Your answer should consist of the lines in the following data that contain "Incl".

TASK DATA:
------
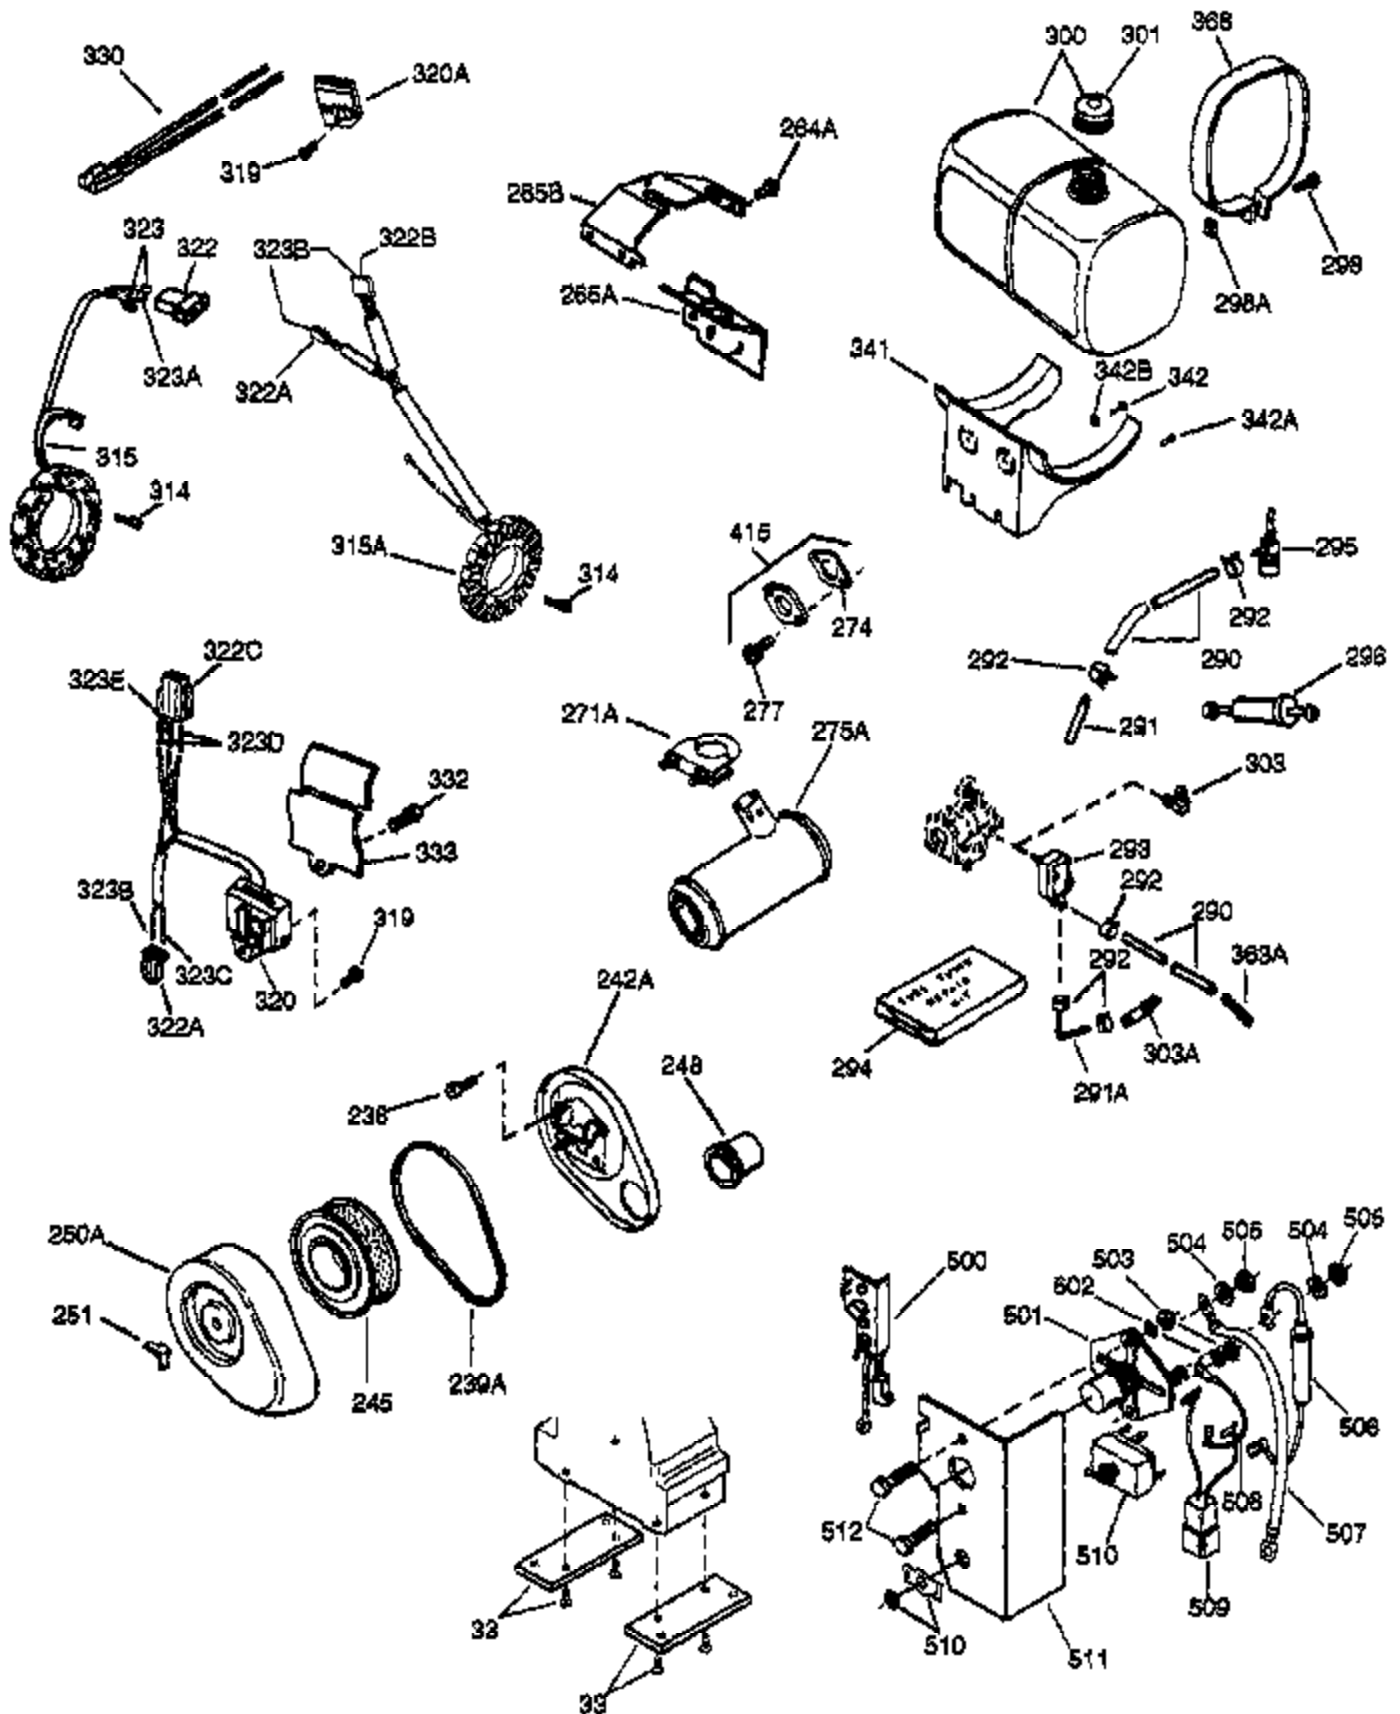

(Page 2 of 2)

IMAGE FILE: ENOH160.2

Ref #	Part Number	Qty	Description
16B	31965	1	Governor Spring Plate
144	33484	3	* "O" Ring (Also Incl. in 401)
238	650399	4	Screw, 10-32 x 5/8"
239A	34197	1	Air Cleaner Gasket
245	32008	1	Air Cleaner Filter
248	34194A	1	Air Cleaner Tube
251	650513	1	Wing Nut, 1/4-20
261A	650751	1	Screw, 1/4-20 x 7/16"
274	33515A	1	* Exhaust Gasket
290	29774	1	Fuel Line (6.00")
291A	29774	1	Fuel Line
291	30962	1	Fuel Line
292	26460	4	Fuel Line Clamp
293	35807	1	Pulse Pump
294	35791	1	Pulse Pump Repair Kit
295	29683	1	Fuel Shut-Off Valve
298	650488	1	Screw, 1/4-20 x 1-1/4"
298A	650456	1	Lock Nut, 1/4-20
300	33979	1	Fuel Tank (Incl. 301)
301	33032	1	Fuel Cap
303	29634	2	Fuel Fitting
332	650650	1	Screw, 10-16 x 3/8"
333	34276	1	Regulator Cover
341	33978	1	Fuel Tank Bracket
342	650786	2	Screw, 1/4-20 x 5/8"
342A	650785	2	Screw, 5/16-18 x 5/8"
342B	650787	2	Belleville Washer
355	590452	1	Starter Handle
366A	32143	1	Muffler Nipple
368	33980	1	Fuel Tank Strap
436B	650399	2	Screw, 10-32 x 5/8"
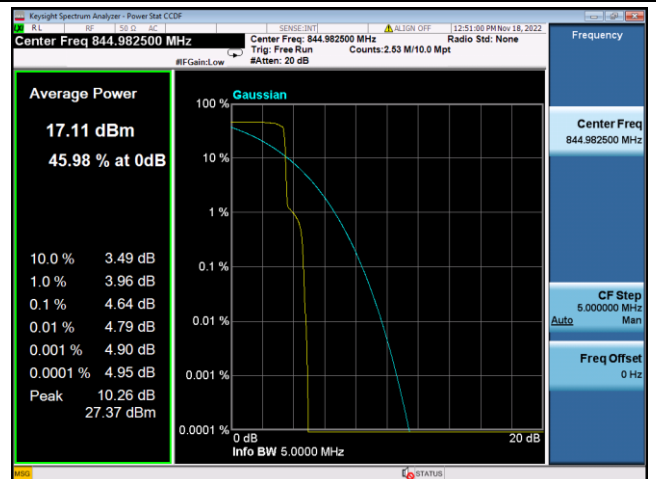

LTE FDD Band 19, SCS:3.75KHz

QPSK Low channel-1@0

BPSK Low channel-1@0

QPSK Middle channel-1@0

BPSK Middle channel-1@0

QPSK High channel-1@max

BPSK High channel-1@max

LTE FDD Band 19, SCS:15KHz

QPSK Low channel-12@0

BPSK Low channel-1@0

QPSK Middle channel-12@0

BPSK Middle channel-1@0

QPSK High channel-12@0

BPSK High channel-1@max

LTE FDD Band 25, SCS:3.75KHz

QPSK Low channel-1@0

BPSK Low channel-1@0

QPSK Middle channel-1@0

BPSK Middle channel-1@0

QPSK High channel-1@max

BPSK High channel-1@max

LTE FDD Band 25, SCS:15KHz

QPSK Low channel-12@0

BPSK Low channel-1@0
------
REPLY TO THE EXERCISE:
144	33484	3	* "O" Ring (Also Incl. in 401)
300	33979	1	Fuel Tank (Incl. 301)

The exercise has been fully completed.